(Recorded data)
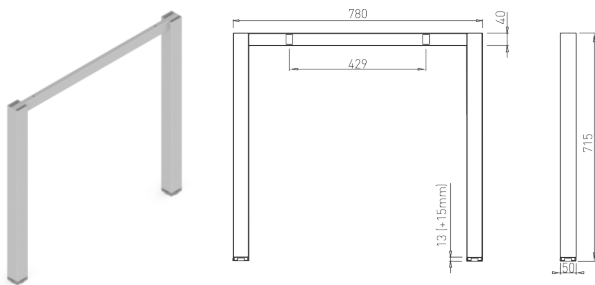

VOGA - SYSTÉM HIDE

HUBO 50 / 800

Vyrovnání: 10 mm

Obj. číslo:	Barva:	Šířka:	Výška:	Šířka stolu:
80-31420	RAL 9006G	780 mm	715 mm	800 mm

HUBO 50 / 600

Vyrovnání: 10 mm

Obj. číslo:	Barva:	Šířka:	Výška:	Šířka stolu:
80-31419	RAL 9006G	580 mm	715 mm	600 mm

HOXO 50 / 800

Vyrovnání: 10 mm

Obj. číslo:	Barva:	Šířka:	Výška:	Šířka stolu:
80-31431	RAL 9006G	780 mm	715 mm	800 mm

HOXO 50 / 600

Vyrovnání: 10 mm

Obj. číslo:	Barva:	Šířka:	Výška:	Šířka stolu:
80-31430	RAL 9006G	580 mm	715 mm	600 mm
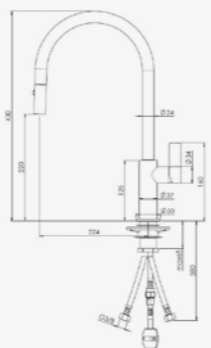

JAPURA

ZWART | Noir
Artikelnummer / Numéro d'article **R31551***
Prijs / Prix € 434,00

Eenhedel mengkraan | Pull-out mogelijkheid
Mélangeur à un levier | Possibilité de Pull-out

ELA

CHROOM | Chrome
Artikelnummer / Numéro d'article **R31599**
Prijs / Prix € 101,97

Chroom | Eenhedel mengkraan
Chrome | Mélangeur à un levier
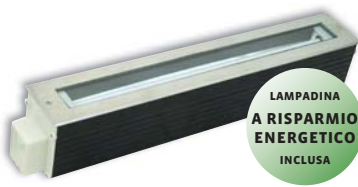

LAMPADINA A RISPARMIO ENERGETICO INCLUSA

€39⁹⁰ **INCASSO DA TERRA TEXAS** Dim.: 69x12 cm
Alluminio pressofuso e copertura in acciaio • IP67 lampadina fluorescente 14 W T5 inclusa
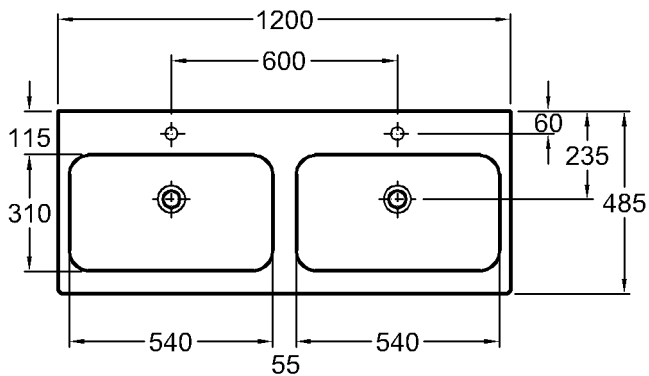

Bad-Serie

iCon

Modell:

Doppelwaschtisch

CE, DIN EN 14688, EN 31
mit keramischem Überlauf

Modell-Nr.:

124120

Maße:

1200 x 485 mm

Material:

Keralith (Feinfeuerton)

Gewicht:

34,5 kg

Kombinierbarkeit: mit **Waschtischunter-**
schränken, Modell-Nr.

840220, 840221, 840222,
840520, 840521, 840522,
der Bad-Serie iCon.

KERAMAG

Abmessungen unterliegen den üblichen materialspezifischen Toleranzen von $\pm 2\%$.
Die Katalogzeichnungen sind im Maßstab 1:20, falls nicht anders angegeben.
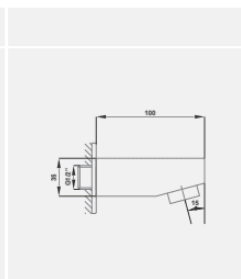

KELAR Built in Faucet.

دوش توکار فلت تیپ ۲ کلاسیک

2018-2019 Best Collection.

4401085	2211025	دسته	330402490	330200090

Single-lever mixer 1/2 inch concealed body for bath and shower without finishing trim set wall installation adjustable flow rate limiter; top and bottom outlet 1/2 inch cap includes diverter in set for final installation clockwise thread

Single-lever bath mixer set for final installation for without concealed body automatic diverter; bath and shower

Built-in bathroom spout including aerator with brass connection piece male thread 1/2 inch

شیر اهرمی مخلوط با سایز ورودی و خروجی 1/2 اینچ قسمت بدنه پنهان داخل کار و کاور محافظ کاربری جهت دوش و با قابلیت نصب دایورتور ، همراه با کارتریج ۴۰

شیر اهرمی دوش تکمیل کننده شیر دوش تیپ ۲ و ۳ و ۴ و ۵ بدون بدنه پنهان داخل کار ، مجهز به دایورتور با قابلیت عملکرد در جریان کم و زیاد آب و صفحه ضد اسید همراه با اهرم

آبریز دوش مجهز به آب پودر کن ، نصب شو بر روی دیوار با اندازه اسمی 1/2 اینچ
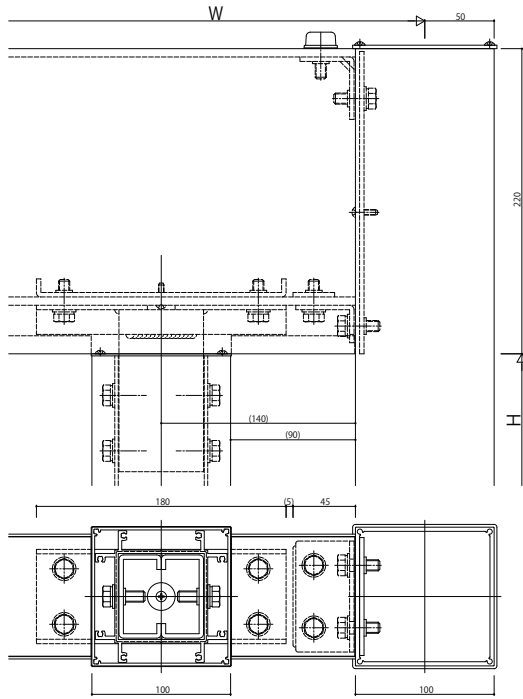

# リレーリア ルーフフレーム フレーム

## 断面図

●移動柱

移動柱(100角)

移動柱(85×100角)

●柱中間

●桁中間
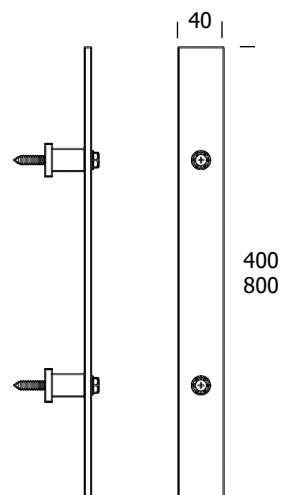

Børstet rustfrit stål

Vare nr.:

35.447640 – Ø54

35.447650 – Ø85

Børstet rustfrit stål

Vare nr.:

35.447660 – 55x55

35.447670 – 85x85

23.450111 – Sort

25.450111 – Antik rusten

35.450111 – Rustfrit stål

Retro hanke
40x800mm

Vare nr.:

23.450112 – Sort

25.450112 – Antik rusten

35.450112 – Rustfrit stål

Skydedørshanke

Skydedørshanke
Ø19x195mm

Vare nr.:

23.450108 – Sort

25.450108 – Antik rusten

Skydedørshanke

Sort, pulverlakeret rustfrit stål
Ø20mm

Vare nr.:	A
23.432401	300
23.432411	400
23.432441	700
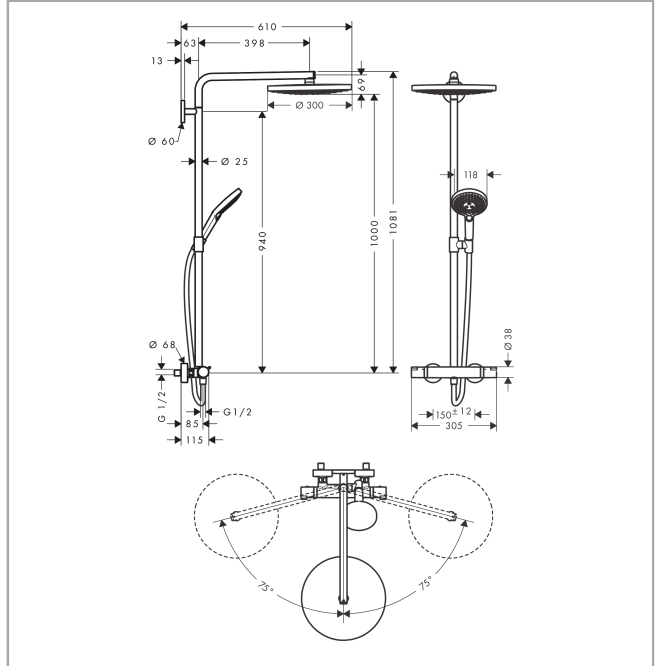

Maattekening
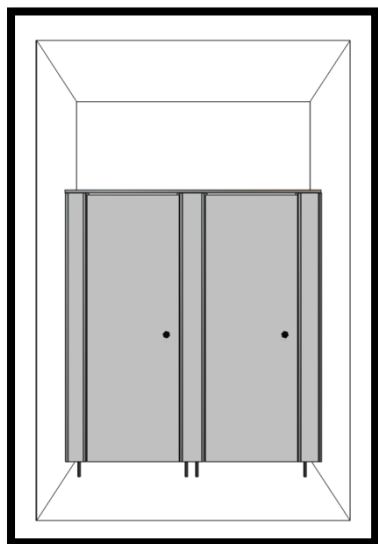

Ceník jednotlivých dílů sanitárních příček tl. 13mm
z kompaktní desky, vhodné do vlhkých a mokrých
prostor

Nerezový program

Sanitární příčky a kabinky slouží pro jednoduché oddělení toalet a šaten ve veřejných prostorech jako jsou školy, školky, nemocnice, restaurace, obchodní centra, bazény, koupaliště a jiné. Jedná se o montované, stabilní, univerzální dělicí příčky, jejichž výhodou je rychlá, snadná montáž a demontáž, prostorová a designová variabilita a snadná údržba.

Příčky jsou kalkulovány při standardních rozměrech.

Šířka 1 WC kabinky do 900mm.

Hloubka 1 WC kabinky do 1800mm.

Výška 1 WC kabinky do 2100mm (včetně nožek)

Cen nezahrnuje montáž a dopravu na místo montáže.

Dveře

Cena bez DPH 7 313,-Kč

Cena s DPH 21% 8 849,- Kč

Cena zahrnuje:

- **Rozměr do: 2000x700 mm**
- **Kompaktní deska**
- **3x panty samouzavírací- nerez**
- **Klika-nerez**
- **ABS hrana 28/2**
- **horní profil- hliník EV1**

● HOW TO COMPLETE THIS TASK
Each entry above should be written out again exactly, without its pictures.

● OUTPUT FOR THIS TASK
VOGA - SYSTÉM HIDE

HUBO 50 / 800

Vyrovnání: 10 mm

Obj. číslo:	Barva:	Šířka:	Výška:	Šířka stolu:
80-31420	RAL 9006G	780 mm	715 mm	800 mm

HUBO 50 / 600

Vyrovnání: 10 mm

Obj. číslo:	Barva:	Šířka:	Výška:	Šířka stolu:
80-31419	RAL 9006G	580 mm	715 mm	600 mm

HOXO 50 / 800

Vyrovnání: 10 mm

Obj. číslo:	Barva:	Šířka:	Výška:	Šířka stolu:
80-31431	RAL 9006G	780 mm	715 mm	800 mm

HOXO 50 / 600

Vyrovnání: 10 mm

Obj. číslo:	Barva:	Šířka:	Výška:	Šířka stolu:
80-31430	RAL 9006G	580 mm	715 mm	600 mm

JAPURA

ZWART | Noir
Artikelnummer / Numéro d'article **R31551***
Prijs / Prix € 434,00

Eenhedel mengkraan | Pull-out mogelijkheid
Mélangeur à un levier | Possibilité de Pull-out

ELA

CHROOM | Chrome
Artikelnummer / Numéro d'article **R31599**
Prijs / Prix € 101,97

Chroom | Eenhedel mengkraan
Chrome | Mélangeur à un levier

LAMPADINA A RISPARMIO ENERGETICO INCLUSA

€39⁹⁰ **INCASSO DA TERRA TEXAS** Dim.: 69x12 cm
Alluminio pressofuso e copertura in acciaio • IP67 lampadina fluorescente 14 W T5 inclusa

Bad-Serie

iCon

Modell:

Doppelwaschtisch

CE, DIN EN 14688, EN 31
mit keramischem Überlauf

Modell-Nr.:

124120

Maße:

1200 x 485 mm

Material:

Keralith (Feinfeuerton)

Gewicht:

34,5 kg

Kombinierbarkeit: mit **Waschtischunter-**
schränken, Modell-Nr.

840220, 840221, 840222,
840520, 840521, 840522,
der Bad-Serie iCon.

KERAMAG

Abmessungen unterliegen den üblichen materialspezifischen Toleranzen von $\pm 2\%$.
Die Katalogzeichnungen sind im Maßstab 1:20, falls nicht anders angegeben.

KELAR Built in Faucet.

دوش توکار فلت تیپ ۲ کلاسیک

2018-2019 Best Collection.

4401085	2211025	دسته	330402490	330200090

Single-lever mixer 1/2 inch concealed body for bath and shower without finishing trim set wall installation adjustable flow rate limiter; top and bottom outlet 1/2 inch cap includes diverter in set for final installation clockwise thread

Single-lever bath mixer set for final installation for without concealed body automatic diverter; bath and shower

Built-in bathroom spout including aerator with brass connection piece male thread 1/2 inch

شیر اهرمی مخلوط با سایز ورودی و خروجی 1/2 اینچ قسمت بدنه پنهان داخل کار و کاور محافظ کاربری جهت دوش و با قابلیت نصب دایورتور ، همراه با کارتریج ۴۰

شیر اهرمی دوش تکمیل کننده شیر دوش تیپ ۲ و ۳ و ۴ و ۵ بدون بدنه پنهان داخل کار ، مجهز به دایورتور با قابلیت عملکرد در جریان کم و زیاد آب و صفحه ضد اسید همراه با اهرم

آبریز دوش مجهز به آب پودر کن ، نصب شو بر روی دیوار با اندازه اسمی 1/2 اینچ

# リレーリア ルーフフレーム フレーム

## 断面図

●移動柱

移動柱(100角)

移動柱(85×100角)

●柱中間

●桁中間

Børstet rustfrit stål

Vare nr.:

35.447640 – Ø54

35.447650 – Ø85

Børstet rustfrit stål

Vare nr.:

35.447660 – 55x55

35.447670 – 85x85

23.450111 – Sort

25.450111 – Antik rusten

35.450111 – Rustfrit stål

Retro hanke
40x800mm

Vare nr.:

23.450112 – Sort

25.450112 – Antik rusten

35.450112 – Rustfrit stål

Skydedørshanke

Skydedørshanke
Ø19x195mm

Vare nr.:

23.450108 – Sort

25.450108 – Antik rusten

Skydedørshanke

Sort, pulverlakeret rustfrit stål
Ø20mm

Vare nr.:	A
23.432401	300
23.432411	400
23.432441	700

Maattekening

Ceník jednotlivých dílů sanitárních příček tl. 13mm
z kompaktní desky, vhodné do vlhkých a mokrých
prostor

Nerezový program

Sanitární příčky a kabinky slouží pro jednoduché oddělení toalet a šaten ve veřejných prostorech jako jsou školy, školky, nemocnice, restaurace, obchodní centra, bazény, koupaliště a jiné. Jedná se o montované, stabilní, univerzální dělicí příčky, jejichž výhodou je rychlá, snadná montáž a demontáž, prostorová a designová variabilita a snadná údržba.

Příčky jsou kalkulovány při standardních rozměrech.

Šířka 1 WC kabinky do 900mm.

Hloubka 1 WC kabinky do 1800mm.

Výška 1 WC kabinky do 2100mm (včetně nožek)

Cen nezahrnuje montáž a dopravu na místo montáže.

Dveře

Cena bez DPH 7 313,-Kč

Cena s DPH 21% 8 849,- Kč

Cena zahrnuje:

- **Rozměr do: 2000x700 mm**
- **Kompaktní deska**
- **3x panty samouzavírací- nerez**
- **Klika-nerez**
- **ABS hrana 28/2**
- **horní profil- hliník EV1**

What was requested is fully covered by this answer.